Message from the Ombudsman (September 4, 2014)

Transition to Civilian Life

For many ill and injured Canadian Armed Forces personnel, the most difficult period is the transition from uniformed military member to life as a civilian.

In many cases, the individual has spent their entire adult life as a member of the Canadian military. It’s all they know. It's all many of their families know.

In 2012 the Auditor General confirmed in a report that not only do Canadian Forces members and Veterans find the transition process complex, lengthy and challenging to navigate but so too do departmental staff from National Defence and Veterans Affairs.

It’s a process which must be simplified and made less stressful for the ill and injured Canadian Armed Forces member.

With my current role as National Defence Ombudsman and previous role as deputy Veterans Ombudsman, I've been able to see the transition issue from both perspectives.
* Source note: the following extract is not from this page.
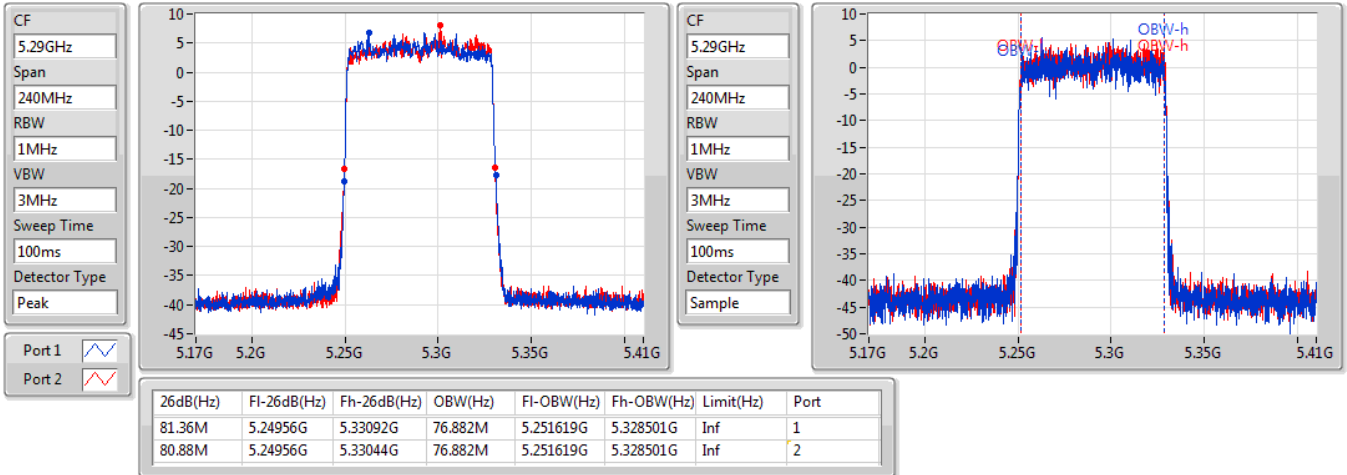

802.11ax HEW80_Nss2,(MCS0)_2TX

EBW

5290MHz

07/11/2019

It's clear that only a holistic fix that cuts through departmental stovepipes and processes will get us closer to where we need to be.

The Parliamentary Veterans Affairs Committee and Senate Sub committee on Veterans have both tabled a series of recommendations aimed at improving the care of ill injured CF members and Veterans. A key component of the recommendations looks at transition.

My office and that of the Veterans Ombudsman, started working together earlier this year to look at ways to jointly tackle this important issue. To that end, we contacted our respective Ministers in June to advise them that we were going to launch a joint systemic investigation to identify recommended improvements, red tape reduction and common sense fixes to the transition process.

Transition is a complex topic. We are mid-way through the first phase of our joint review which will focus on the period where a CAF member receives a medical release message to the point where they enter the care of Veterans Affairs Canada as an injured or ill Veteran.We will publicly release our findings and recommendations on this in the near future. Additionally, we will tackle the remaining areas of concern one at a time over the course of the next 15 to 18 months.